● TASK DETAILS: Extract precisely the lines that run from the line containing "イベントコーナーを回ってスタンプを集めよう!!" to the end of the records below, with both ends included and pictures omitted.

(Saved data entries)
----------------
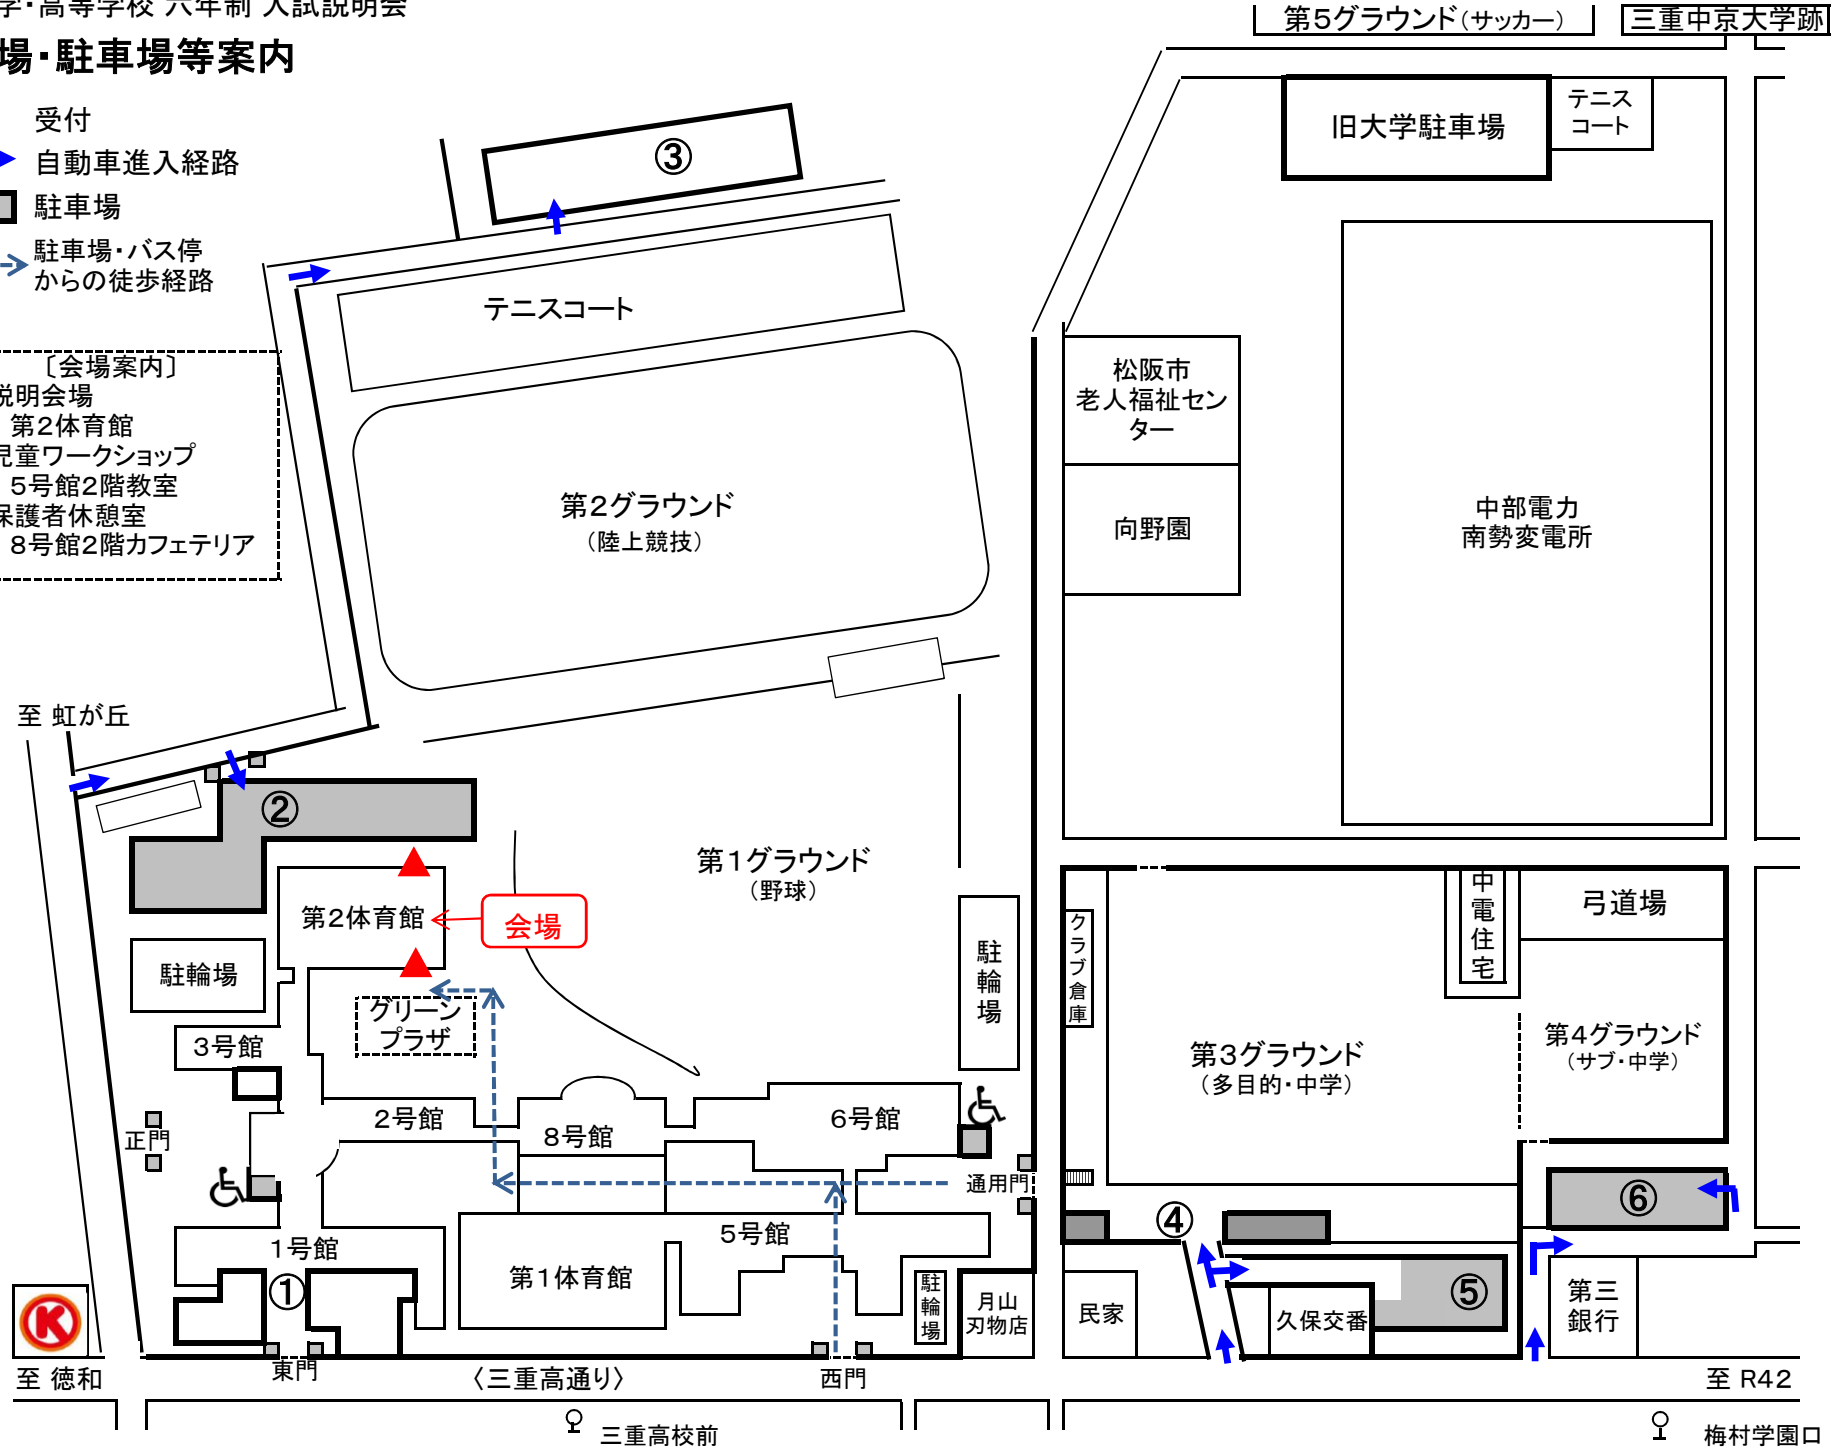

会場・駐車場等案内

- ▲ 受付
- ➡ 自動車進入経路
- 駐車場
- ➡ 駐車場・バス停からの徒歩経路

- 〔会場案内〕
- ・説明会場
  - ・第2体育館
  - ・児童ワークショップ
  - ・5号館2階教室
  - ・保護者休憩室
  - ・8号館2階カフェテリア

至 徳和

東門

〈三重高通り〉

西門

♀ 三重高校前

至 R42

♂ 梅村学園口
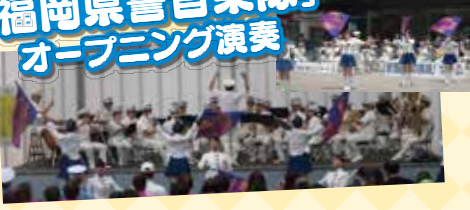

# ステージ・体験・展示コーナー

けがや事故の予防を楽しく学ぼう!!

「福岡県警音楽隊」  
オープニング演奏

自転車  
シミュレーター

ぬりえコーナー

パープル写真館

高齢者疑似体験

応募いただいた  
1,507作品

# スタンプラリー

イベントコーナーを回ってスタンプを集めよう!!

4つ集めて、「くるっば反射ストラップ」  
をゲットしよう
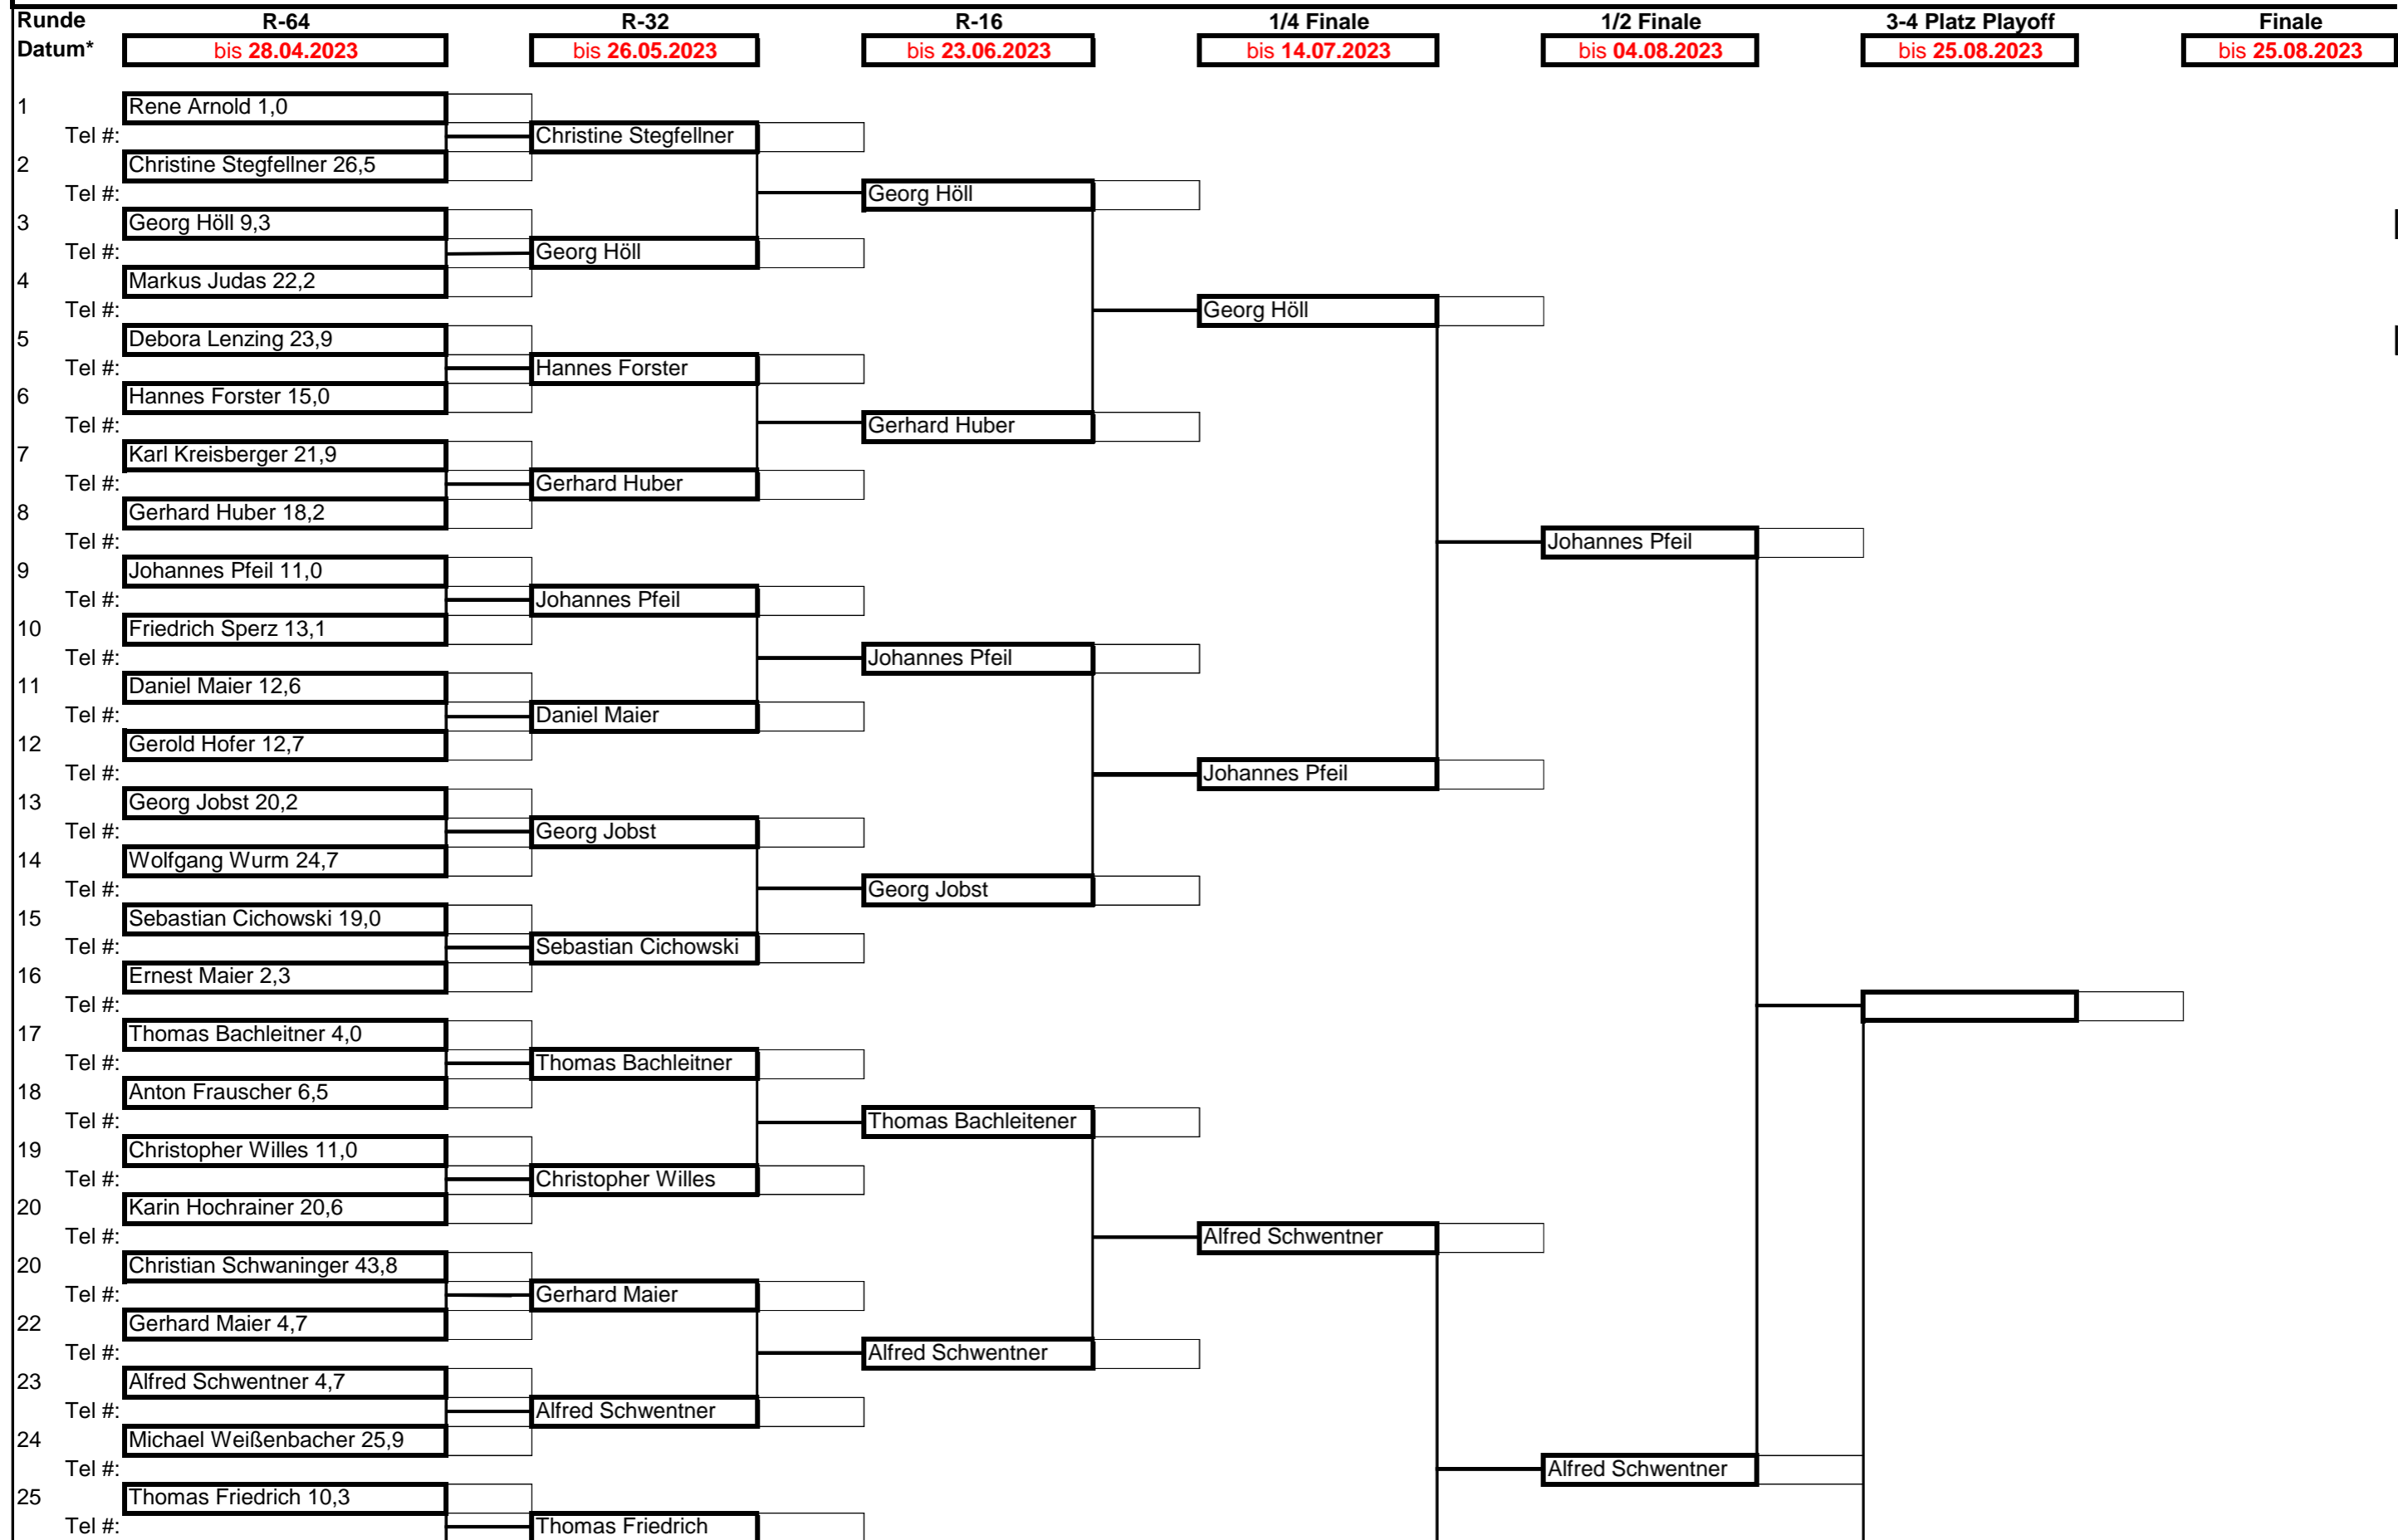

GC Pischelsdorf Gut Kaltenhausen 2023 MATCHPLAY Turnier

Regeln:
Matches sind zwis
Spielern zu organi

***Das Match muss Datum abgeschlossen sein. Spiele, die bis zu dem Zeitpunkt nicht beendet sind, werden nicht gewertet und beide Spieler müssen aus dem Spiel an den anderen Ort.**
----------------
● WRITTEN RESPONSE:
イベントコーナーを回ってスタンプを集めよう!!

4つ集めて、「くるっば反射ストラップ」  
をゲットしよう

GC Pischelsdorf Gut Kaltenhausen 2023 MATCHPLAY Turnier

Regeln:
Matches sind zwis
Spielern zu organi

***Das Match muss Datum abgeschlossen sein. Spiele, die bis zu dem Zeitpunkt nicht beendet sind, werden nicht gewertet und beide Spieler müssen aus dem Spiel an den anderen Ort.**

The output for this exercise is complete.